● Instructions for the task
In the records below, find the line containing "Approval and application" and the line containing "Numerator - Quantity"; please repeat exactly the lines from one to the other, both included, and nothing more.

● Record excerpts
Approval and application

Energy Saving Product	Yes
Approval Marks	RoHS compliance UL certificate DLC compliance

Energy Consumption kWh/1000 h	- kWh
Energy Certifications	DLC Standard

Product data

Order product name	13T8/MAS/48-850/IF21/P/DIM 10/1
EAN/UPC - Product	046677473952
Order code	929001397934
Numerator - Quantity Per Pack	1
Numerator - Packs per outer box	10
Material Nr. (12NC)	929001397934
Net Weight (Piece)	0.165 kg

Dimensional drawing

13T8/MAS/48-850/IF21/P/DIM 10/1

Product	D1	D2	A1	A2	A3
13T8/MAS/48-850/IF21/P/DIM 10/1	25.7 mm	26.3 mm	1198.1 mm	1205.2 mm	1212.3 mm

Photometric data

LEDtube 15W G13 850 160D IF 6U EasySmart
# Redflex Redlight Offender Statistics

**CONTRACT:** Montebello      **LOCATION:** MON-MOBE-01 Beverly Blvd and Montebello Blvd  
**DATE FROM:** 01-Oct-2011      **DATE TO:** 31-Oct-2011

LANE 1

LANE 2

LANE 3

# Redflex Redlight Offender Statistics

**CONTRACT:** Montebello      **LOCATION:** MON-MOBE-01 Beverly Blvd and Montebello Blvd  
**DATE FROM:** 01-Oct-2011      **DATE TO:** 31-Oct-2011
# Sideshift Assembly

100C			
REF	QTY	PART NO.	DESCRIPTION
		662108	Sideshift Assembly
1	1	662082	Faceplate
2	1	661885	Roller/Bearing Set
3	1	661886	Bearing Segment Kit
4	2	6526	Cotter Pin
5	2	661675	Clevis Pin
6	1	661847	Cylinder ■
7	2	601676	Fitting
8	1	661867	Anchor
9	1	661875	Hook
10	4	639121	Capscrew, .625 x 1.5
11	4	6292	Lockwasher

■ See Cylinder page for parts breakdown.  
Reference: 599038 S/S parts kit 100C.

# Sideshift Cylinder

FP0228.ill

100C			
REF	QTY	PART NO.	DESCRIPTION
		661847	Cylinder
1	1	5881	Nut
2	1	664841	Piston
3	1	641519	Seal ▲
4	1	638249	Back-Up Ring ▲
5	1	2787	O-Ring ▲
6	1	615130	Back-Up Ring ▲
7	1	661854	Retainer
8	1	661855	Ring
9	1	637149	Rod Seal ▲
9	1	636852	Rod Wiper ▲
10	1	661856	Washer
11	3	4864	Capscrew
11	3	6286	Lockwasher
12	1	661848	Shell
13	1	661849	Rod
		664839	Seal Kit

==

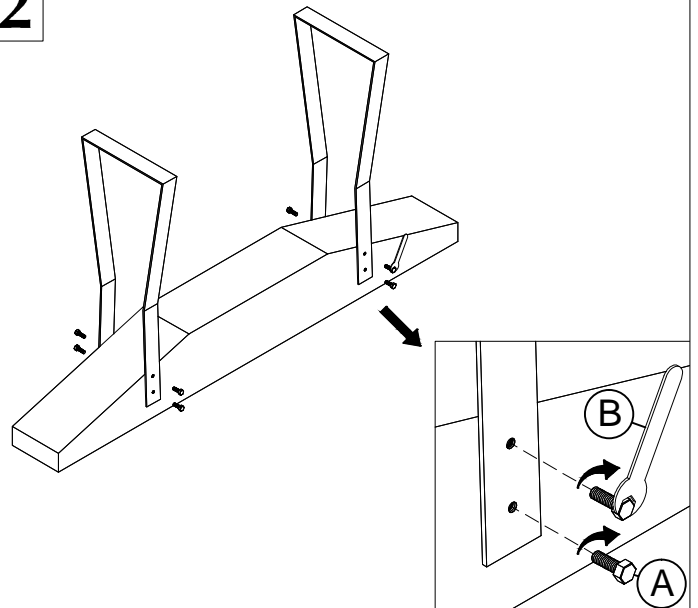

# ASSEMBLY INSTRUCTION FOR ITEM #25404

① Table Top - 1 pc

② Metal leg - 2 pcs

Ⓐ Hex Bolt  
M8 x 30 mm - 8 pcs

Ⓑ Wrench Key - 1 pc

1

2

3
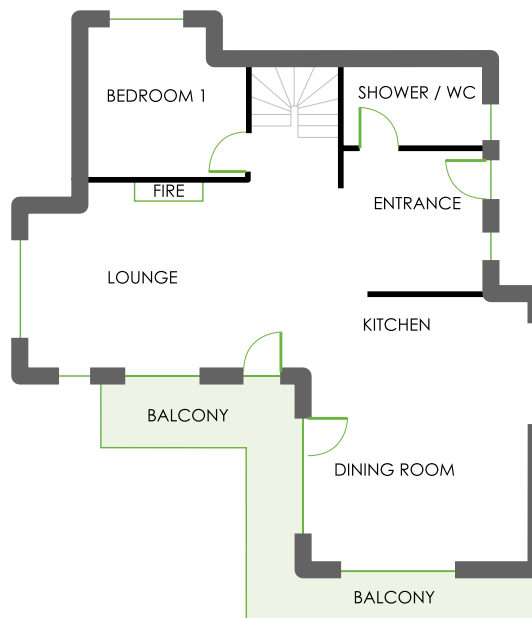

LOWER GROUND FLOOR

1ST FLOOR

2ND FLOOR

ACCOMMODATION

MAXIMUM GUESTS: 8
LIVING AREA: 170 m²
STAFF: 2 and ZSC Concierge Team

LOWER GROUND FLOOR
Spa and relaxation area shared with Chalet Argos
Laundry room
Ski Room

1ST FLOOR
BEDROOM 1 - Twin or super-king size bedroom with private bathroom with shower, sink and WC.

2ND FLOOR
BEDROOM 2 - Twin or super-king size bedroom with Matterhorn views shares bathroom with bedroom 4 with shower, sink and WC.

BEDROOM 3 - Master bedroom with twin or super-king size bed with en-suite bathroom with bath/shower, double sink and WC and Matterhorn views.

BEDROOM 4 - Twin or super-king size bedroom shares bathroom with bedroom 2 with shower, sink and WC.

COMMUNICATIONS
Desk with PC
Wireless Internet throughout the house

...

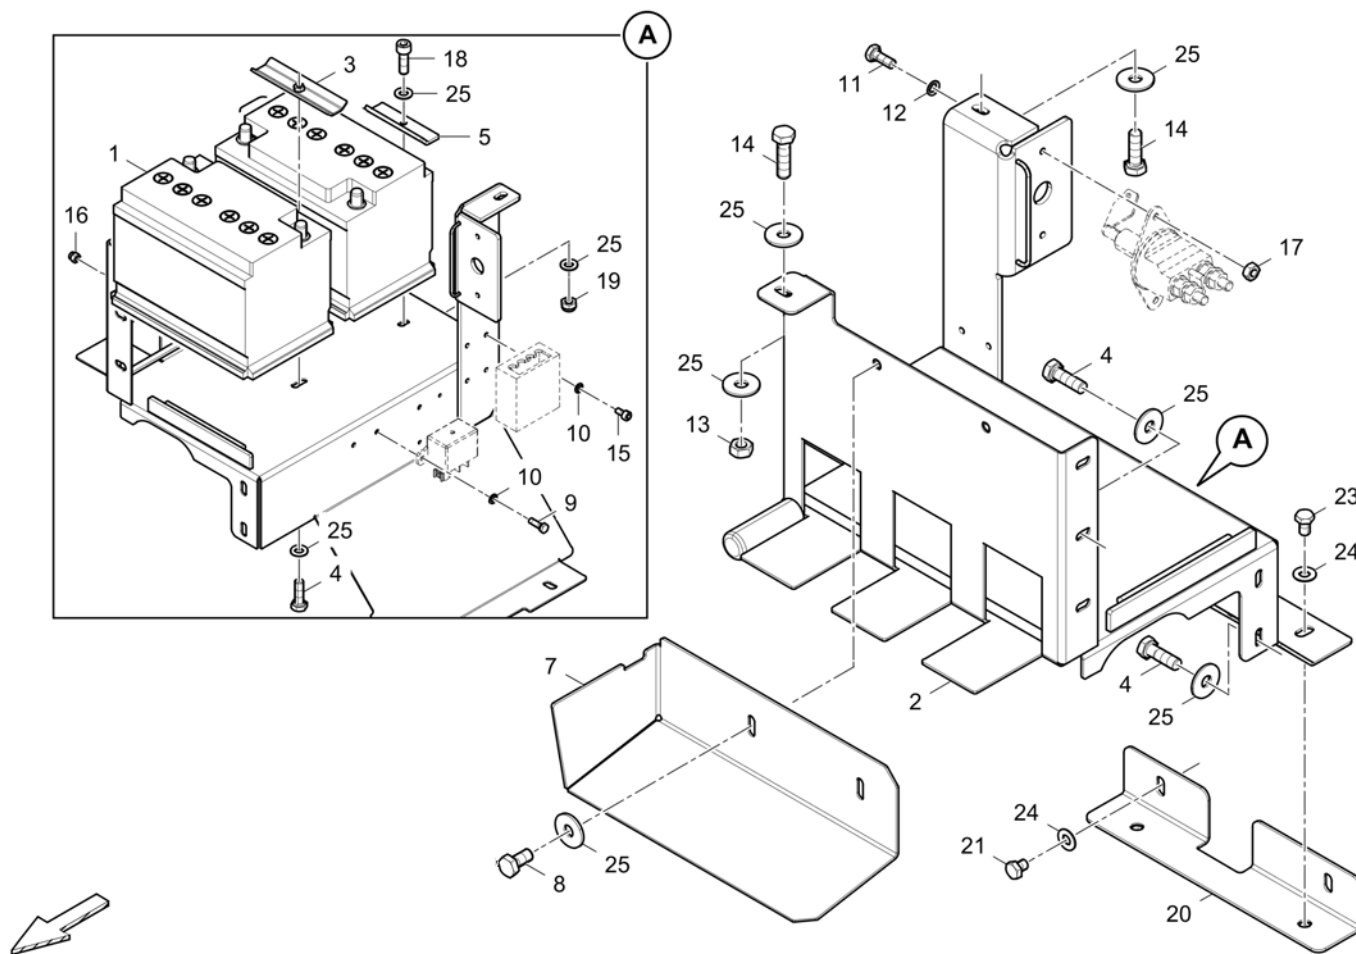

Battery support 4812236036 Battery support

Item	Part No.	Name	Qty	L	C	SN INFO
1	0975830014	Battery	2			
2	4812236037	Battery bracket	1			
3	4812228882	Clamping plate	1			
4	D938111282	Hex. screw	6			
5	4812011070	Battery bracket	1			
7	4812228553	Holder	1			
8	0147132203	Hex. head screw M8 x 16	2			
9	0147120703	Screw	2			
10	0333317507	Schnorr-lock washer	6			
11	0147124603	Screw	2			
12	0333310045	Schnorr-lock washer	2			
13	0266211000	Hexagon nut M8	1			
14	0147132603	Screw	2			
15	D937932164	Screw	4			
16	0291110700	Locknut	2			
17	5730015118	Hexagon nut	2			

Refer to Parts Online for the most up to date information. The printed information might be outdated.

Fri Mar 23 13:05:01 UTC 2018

● Exercise response
Approval and application

Energy Saving Product	Yes
Approval Marks	RoHS compliance UL certificate DLC compliance

Energy Consumption kWh/1000 h	- kWh
Energy Certifications	DLC Standard

Product data

Order product name	13T8/MAS/48-850/IF21/P/DIM 10/1
EAN/UPC - Product	046677473952
Order code	929001397934
Numerator - Quantity Per Pack	1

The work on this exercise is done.